Stand on the threshold and let small position jitter cross it. The
on-screen messages show Goal changed: Patrol -> Chase and back every
replan tick — that's signal-layer flap and selection-layer flap
stacking.
To observe selection-layer stability only (Family 1): set
GoalMomentumBonus = 0.15, leave both toggles off. The agent commits
to whichever goal it picked first across small jitter, but a single
clean crossing of the threshold still flips it.
To observe signal-layer smoothing (Family 4): enable
bEnableFactFiltering. The raw distance is EMA'd before any consumer
sees it; transient spikes get absorbed. The Live Inspector's "Derived
Facts" panel shows raw and smoothed side by side.
To observe symbolic-state hysteresis (Family 2): enable
bEnableLatchedBool. Even if the smoothed distance walks across the
midpoint of the band, the derived PlayerNear only flips when the
smoothed value clears the other side of the band. The agent stays
committed to one goal across the entire band, which is the point.
The Live Inspector's Replan History tab still shows the Margin column
(WinningScore - RunnerUpScore) with a * flag on rows where the
momentum bonus did the work. The Derived Facts panel beneath the World
State panel shows current raw / smoothed / latched values live, so you
can watch the signal walk across each layer.
What we deliberately do NOT ship (and why)¶
- Hysteresis decay over time. A bonus that scales down based on how long the active goal has been running. Adds tuning surface area for marginal benefit; the same effect is better expressed by sizing the per-action commit time. Rejected.

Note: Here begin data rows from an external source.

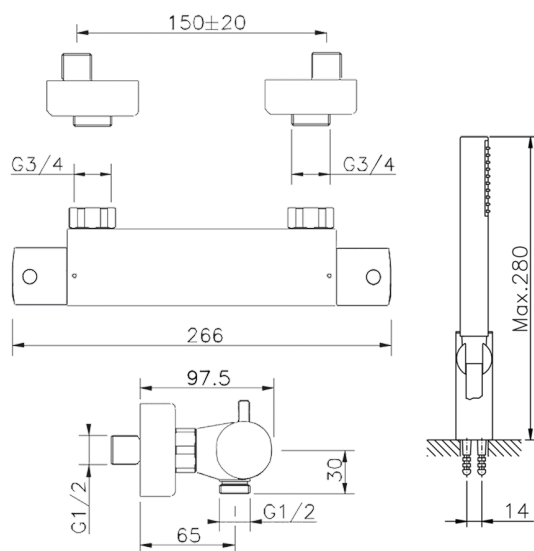

Ducha termostática con duplex TRATTO EVO_TV D01010

MODELO **TVD01010**

Ducha termostática con duplex, soporte duchita articulado mural, duchita una función minimalista Ø 26 mm de ABS, flexible de Latón 150 cm

ACABADOS DISPONIBLES

21 21 Cromo

CARACTERÍSTICAS

Recambio Cartucho **22.03A.AR - ZZ97080004**

Cartucho Termostático Argo 1 (filtro corto)

Termostático

El Termostático Huber es tu gestor personal del agua, ayudándote a manejar, controlar y ahorrar agua y energía.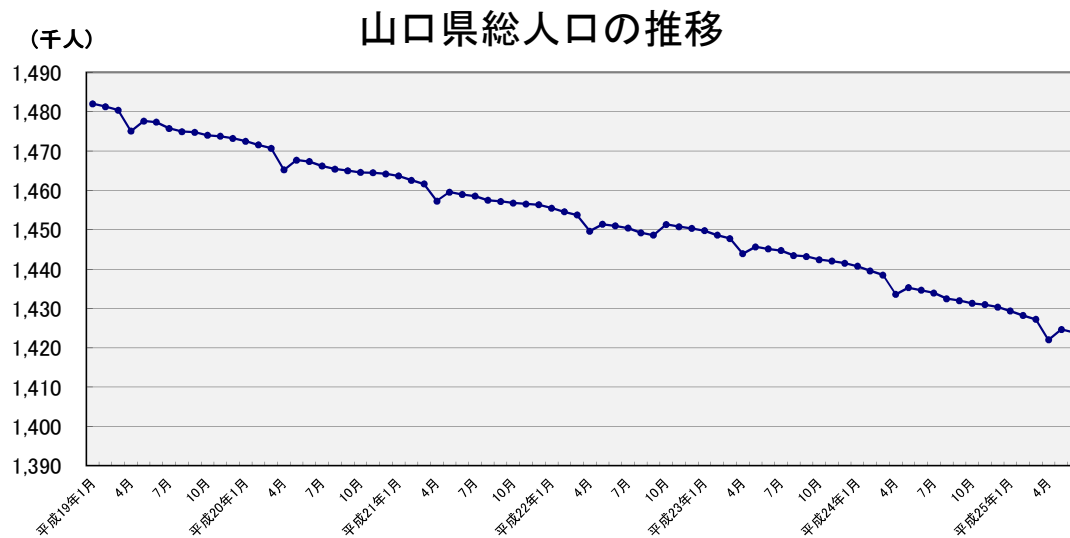

山口県人口移動統計調査 結果報告書

平成25年5月分

要約

【平成25年6月1日現在】

- 総人口は 1,423,882人で、前月に比べ、778人の減少
- 世帯数は 602,753世帯で、前月に比べ、43世帯の増加

【平成25年5月】

- 自然動態は 648人の自然減少(出生925人 死亡1,573人)
- 社会動態は 130人の転出超過(転入3,183人 転出3,313人)
- 外国人は 前月に比べ 73人の減少

- (注) 1 各月1日現在
2 平成22年10月は、総務省「国勢調査」による常住人口
3 平成19年1月～平成22年9月、平成22年11月以降は、国勢調査確報値に基づき推計した県人口

山口県総合企画部統計分析課

統計は 一人ひとりの参加から

人 口

2-1 市町別人口及び人口動態

市 町	平成25年6月1日現在				平成25年5月中の人口動態					
	人 口			世帯数	総人口増減 (1) + (2)			日本人増減 (1)		
	総数	男	女		総数	男	女	総数	男	女
前 月	1 424 660	672 359	752 301	602 710	2 650	2 153	497	2 536	2 083	453
総数注1)	1 423 882	672 072	751 810	602 753	△ 778	△ 287	△ 491	△ 705	△ 268	△ 437
対前年同月比(%)	99.2	99.3	99.2	100.2	-	-	-	-	-	-
(日本人数)	1 410 097	665 511	744 586		-	-	-	-	-	-
(外国人数)	11 254	4 999	6 255		-	-	-	-	-	-
市 計	1 364 105	644 238	719 867	577 184	△ 700	△ 251	△ 449	△ 634	△ 231	△ 403
下関市	274 016	126 872	147 144	118 749	△ 257	△ 94	△ 163	△ 274	△ 103	△ 171
宇部市	171 615	82 012	89 603	73 470	△ 78	△ 11	△ 67	△ 61	2	△ 63
山口市	195 383	92 547	102 836	82 531	38	5	33	35	6	29
萩市	51 084	23 286	27 798	21 953	△ 58	△ 14	△ 44	△ 42	△ 13	△ 29
防府市	117 039	56 751	60 288	49 062	△ 38	△ 20	△ 18	△ 25	△ 23	△ 2
下松市	55 155	26 614	28 541	23 135	18	8	10	11	6	5
岩国市	140 122	65 731	74 391	59 331	△ 82	△ 25	△ 57	△ 69	△ 25	△ 44
光市	52 032	24 771	27 261	21 106	27	12	15	25	11	14
長門市	36 496	16 708	19 788	14 991	△ 74	△ 38	△ 36	△ 58	△ 28	△ 30
柳井市	33 617	15 603	18 014	14 436	△ 45	△ 17	△ 28	△ 44	△ 20	△ 24
美祢市	27 278	12 603	14 675	10 417	△ 35	△ 21	△ 14	△ 37	△ 22	△ 15
周南市	146 887	70 950	75 937	62 261	△ 66	△ 3	△ 63	△ 52	7	△ 59
山陽小野田市	63 381	29 790	33 591	25 742	△ 50	△ 33	△ 17	△ 43	△ 29	△ 14
町 計	59 777	27 834	31 943	25 569	△ 78	△ 36	△ 42	△ 71	△ 37	△ 34
周防大島町	18 005	8 178	9 827	8 527	△ 18	△ 9	△ 9	△ 13	△ 9	△ 4
和木町	6 309	3 159	3 150	2 643	4	-	4	6	-	6
上関町	3 050	1 402	1 648	1 563	△ 7	△ 5	△ 2	△ 7	△ 5	△ 2
田布施町	15 641	7 405	8 236	6 151	△ 11	2	△ 13	△ 11	2	△ 13
平生町	13 212	6 118	7 094	5 138	△ 25	△ 15	△ 10	△ 25	△ 16	△ 9
阿武町	3 560	1 572	1 988	1 547	△ 21	△ 9	△ 12	△ 21	△ 9	△ 12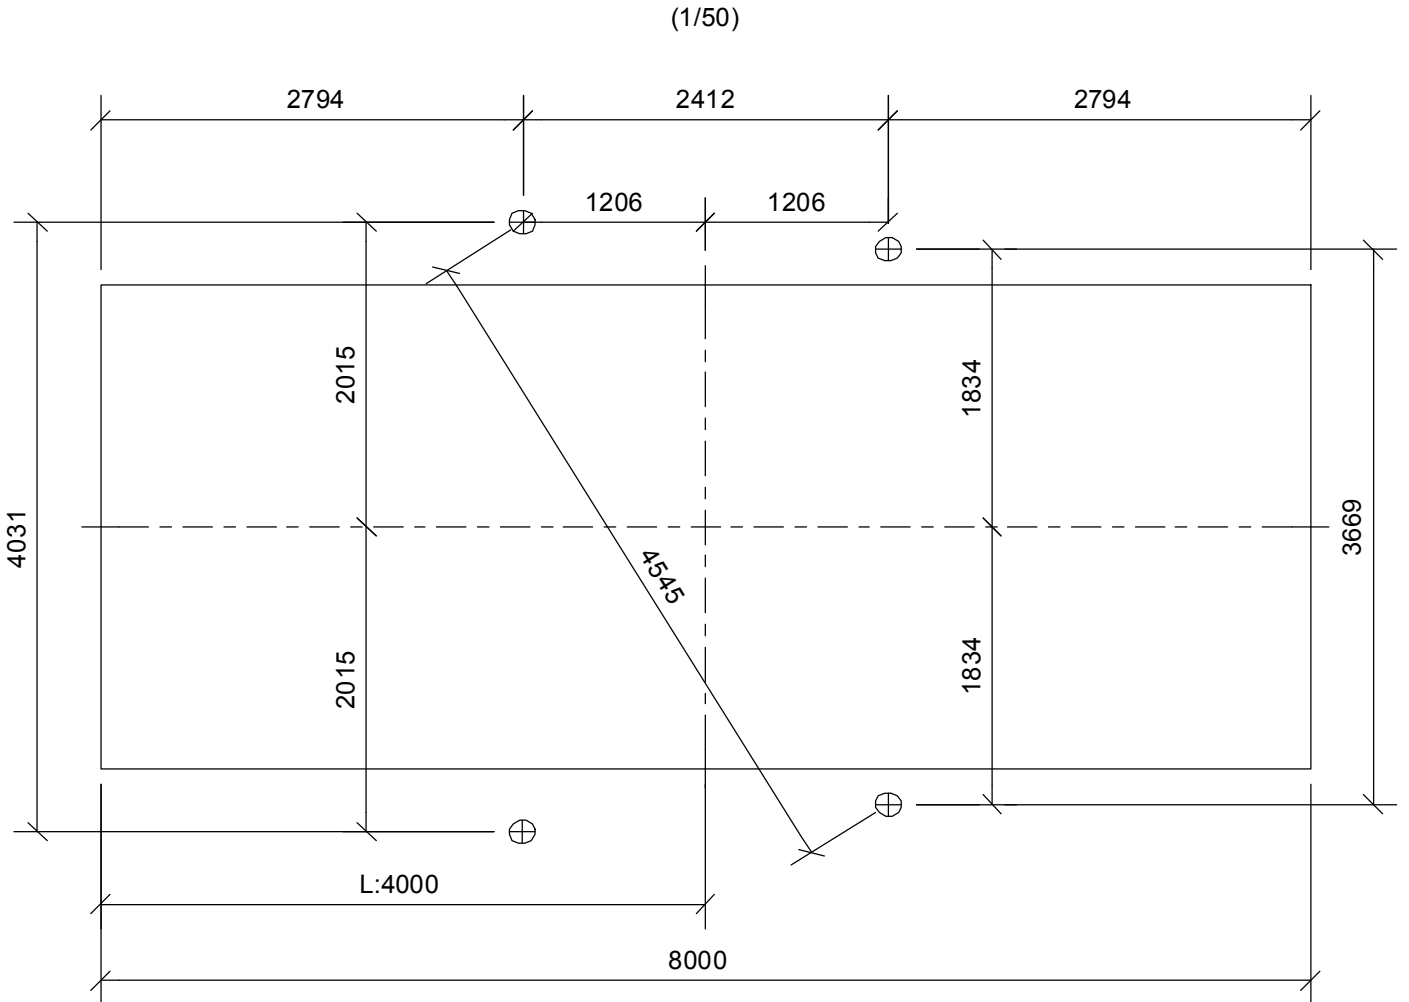

>0,14m³

Ø18x400cm

75kg

Parts List

QTY	PART NO	DESCRIP.
1	D11057	Ø140/160-3950mm, w. fittings
2	RS00011	Ø160/180-3800mm
2	RS00012	Ø160/180-4000mm
2	LE20148	Swing seat 530mm

Parts List		
QTY	PART NO	DESCRIP.
2	LE15901	Ø3x16mm PH
1	LE15910	Name tag
1	LE16599	Sealite 970 1,5 ml
6	LE15108	Ø38 x40mm Spacer
2	LE15254	M16x250mm
4	LE15256	M16x270mm
6	LE16100	M16 nut
12	LE16152	M16 - Ø30 mm
12	LE16556	Ø42/38mm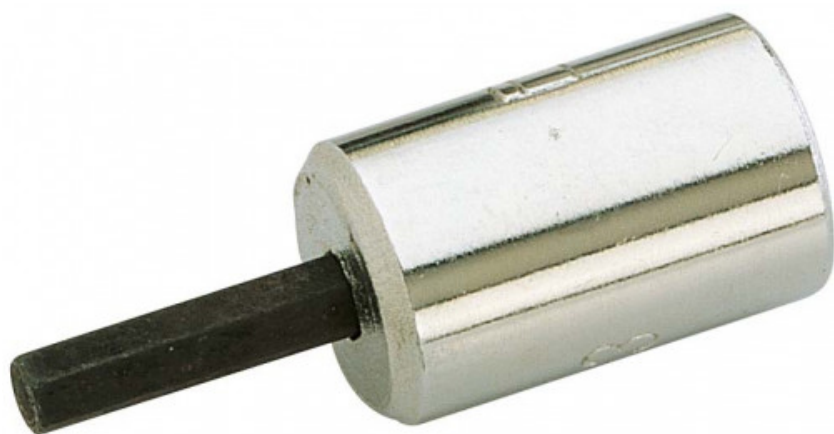

Schroevendraaierbit 1/4" monoblok voor holle 6-kant schroeven

RS-2,5
RS-...

SAM Outillage

10 rue Camille de Rochetaillée
42000 Saint-Etienne - France

RCS Saint-Etienne B 338 002 231 | SAS au capital de 8 189 583 €

<https://www.sam-outillage.nl/>

Niet-contractuele foto's en teksten. Niet op de openbare weg gooien. Document gegenereerd op 2024-04-26 04:46:58

BESCHRIJVING

Schroevendraaierbit 1/4" monoblok voor holle 6-kant schroeven

Geen speling bij het aanspannen. Lichtheid. Kleine afmetingen. Gemakkelijk op te bergen en terug te vinden.

NORMEN / RICHTLIJNEN

NF ISO 1174-1

SAM Outillage

10 rue Camille de Rochetaillée
42000 Saint-Etienne - France

SPECIFIEKE GEGEVENS

Omschrijving	SCHROEFD MONOBL 1/4"6K 2,5 MM
Handelsreferentie	RS-2,5
L (mm)	31
Gewicht (g)	10
l (mm)	11
Matrijs	N° 2,5
Garantie	O

Toegepaste garantie**O | Garantie SAM TOOL**

Garantie zonder tijdsbepanking op de tools, bij gebruik in normale omstandigheden.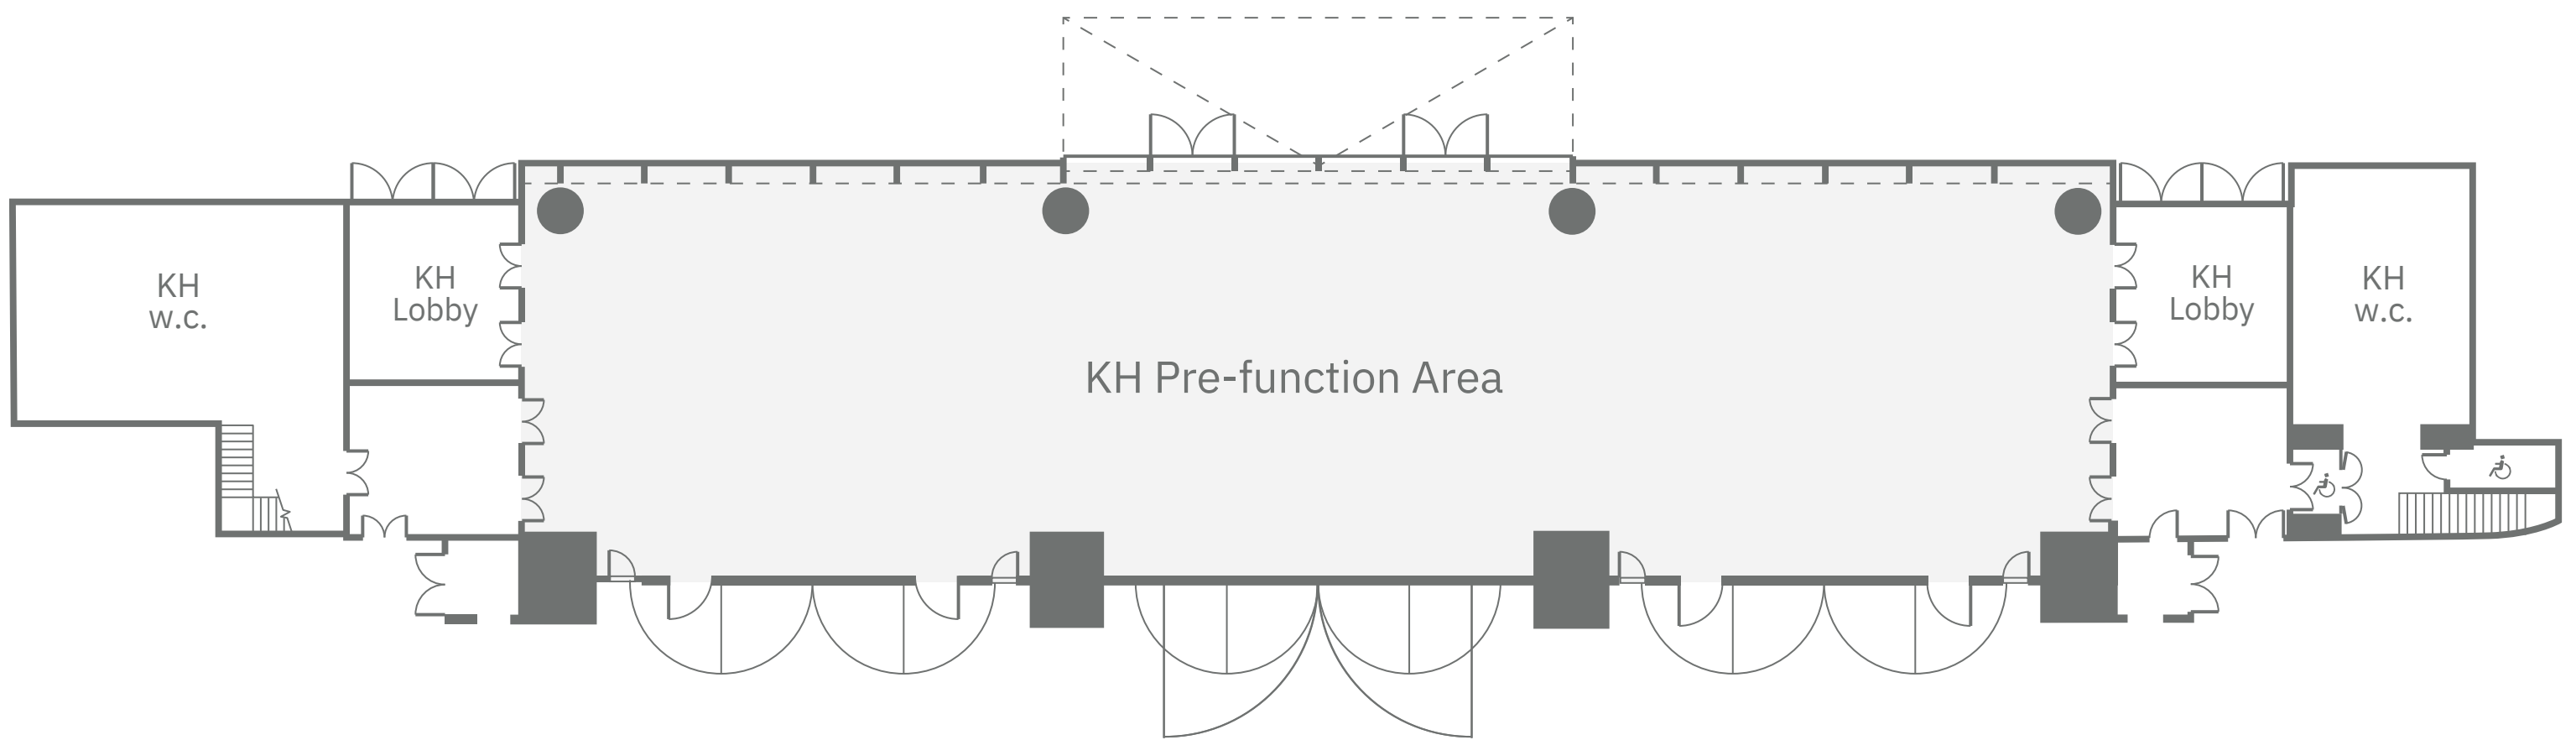

FUNCTION ROOM	SIZE
Katara Hall	61m x 39m

FUNCTION ROOM	SIZE
Pre-function Area	56m x 14m

RAFFLES

DOHA
رافلز الدوحة

FUNCTION ROOM	SIZE
Katara Terrace	50m x 9m

RAFFLES

DOHA
رافلز الدوحة

FUNCTION ROOM	SIZE
Katara Hall Pre-function Area	61m x 39m
Katara Terrace	50m x 9m

- Per-goal commit time. A separate
MinCommitTimeper goal. Same problem — one global knob is easier to reason about than N. If you have one outlier goal that must commit longer, use the goal'sInterruptionLevel+ a custom executor with a built-in minimum runtime. Rejected. - Soft-max / probabilistic goal selection. Replace argmax with a temperature-scaled sample. Solves flap by intentionally introducing exploration noise, which is the opposite of what gameplay wants. Rejected.
- Additive switching cost alongside multiplicative bonus. Score-domain biasing already covers the design space; adding a second knob in the same domain doubles the tuning load without adding new behavior. Rejected.
- EMA at a sensor base class. Smoothing is a fact-derivation policy, not a sensor-inheritance concern. v0.31 puts it on the fact. Rejected at this layer.
- Time-decaying EMA / second time constant. A separate "fast" and "slow" EMA that share state. Adds a second knob for marginal benefit; the One Euro filter is the well-known shape for that idea and we rejected One Euro itself (below). Rejected.
- Boxcar / median / One Euro filter alternatives. A flat suite of filter shapes parameterized by an enum. Adds taxonomy surface area without a concrete need. EMA covers the common case; we will add a one-pole filter alternative only if a user reports a signal that cannot be tuned with EMA. Rejected for v0.31.
- Multi-source latched facts (OR / AND of N sources). A single derived bool driven by combining multiple scalars. Solvable by adding one latch per source plus a precondition that OR's their outputs. Rejected as built-in.
- Per-frame ticking of latch state. The latch fires inside
SetScalaronly, not on a timer. If the source value doesn't change, the latch state doesn't change — by design. Rejected (would defeat the purpose of "stateful derivation lives next to the fact it derives from"). bResetOnReplanfor latch state. Resetting latched bools on every replan would invalidate the hysteresis band on the very edge where it matters. The latch's job is to survive replans. Rejected.- Custom alpha curves (non-EMA). Arbitrary smoothing functions authored by users. Saturates the configuration surface; if you need non-EMA smoothing, write a sensor that does the smoothing and writes the smoothed scalar. Rejected.